Старцев бывал в разных домах и встречал много людей, но ни с кем не сходился близко. Обыватели своими разговорами, взглядами на жизнь и даже своим видом раздражали его. Опыт научил его мало -помалу, что пока с обывателем играешь в карты или закусываешь с ним, то это мирный, благодушный и даже не глупый человек, но стоит только заговорить с ним о чем -нибудь несъедобном, например, о политике или науке, как он становится в тупик или заводит такую философию, тупую и злую, что остается только рукой махнуть и отойти.
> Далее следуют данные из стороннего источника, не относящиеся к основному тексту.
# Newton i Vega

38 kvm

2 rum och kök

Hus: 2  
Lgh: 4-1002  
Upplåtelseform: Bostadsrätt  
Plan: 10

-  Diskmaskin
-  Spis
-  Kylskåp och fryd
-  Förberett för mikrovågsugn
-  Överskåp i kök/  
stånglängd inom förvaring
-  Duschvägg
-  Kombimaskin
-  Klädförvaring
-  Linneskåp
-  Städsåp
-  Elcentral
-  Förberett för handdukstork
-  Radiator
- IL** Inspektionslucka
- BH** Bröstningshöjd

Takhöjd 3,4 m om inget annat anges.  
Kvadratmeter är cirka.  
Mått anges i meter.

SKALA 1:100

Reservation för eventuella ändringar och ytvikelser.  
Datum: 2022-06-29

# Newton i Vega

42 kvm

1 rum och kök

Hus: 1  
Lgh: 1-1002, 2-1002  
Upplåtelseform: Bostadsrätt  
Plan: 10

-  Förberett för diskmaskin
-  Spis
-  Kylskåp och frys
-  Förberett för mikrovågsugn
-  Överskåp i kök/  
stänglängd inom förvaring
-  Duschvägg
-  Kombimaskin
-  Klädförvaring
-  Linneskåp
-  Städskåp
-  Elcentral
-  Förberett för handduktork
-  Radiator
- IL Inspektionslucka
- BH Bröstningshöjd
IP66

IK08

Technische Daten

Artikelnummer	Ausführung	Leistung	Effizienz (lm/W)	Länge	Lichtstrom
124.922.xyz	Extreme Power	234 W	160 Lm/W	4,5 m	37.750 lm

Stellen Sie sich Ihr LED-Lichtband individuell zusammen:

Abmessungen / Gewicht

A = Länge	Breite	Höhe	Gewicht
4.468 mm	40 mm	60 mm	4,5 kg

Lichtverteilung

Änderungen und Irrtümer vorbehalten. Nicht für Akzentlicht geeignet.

Когда Старцев пробовал заговорить даже с либеральным обывателем, например, о том, что человечество, слава богу, идет вперед и что со временем оно будет обходиться без паспортов и без смертной казни, то обыватель глядел на него искоса и недоверчиво и спрашивал:

"Значит, тогда всякий может резать на улице кого угодно ?" А когда Старцев в обществе, за ужином или чаем, говорил о том, что нужно трудиться, что без труда жить нельзя, то всякий принимал это за упрек и начинал сердиться и назойливо спорить. При всем том обыватели не делали ничего, решительно ничего, и не интересовались ничем, и никак нельзя было придумать, о чем говорить с ними. И Старцев избегал разговоров, а только закусывал и играл в винт, и когда заставал в каком -нибудь доме семейный праздник и его приглашали откушать, то он садился и ел молча, глядя в тарелку; и всё, что в это время говорили, было неинтересно, несправедливо, глупо, он чувствовал раздражение, волновался, но молчал, и за то, что он всегда сурово молчал и глядел в тарелку, его прозвали в городе "поляк надутый ", хотя он никогда поляком не был.

От таких развлечений, как театр и концерты, он уклонялся, но зато в винт играл каждый вечер, часа по три, с наслаждением. Было у него еще одно развлечение, в которое он втянулся незаметно, мало -помалу, это - по вечерам вынимать из карманов бумажки, добытые практикой, и, случалось, бумажек - желтых и зеленых, от которых пахло духами, и уксусом, и ладаном, и ворванью, - было понапихано во все карманы рублей на семьдесят; и когда собиралось несколько сот, он отвозил в Общество взаимного кредита и клал там на текущий счет.

За все четыре года после отъезда Екатерины Ивановны он был у Туркиных только два раза, по приглашению Веры Иосифовны, которая всё еще лечилась от мигрени. Каждое лето Екатерина Ивановна приезжала к родителям погостить, но он не видел ее ни разу; как -то не случалось.

Но вот прошло четыре года. В одно тихое, теплое утро в больницу принесли письмо.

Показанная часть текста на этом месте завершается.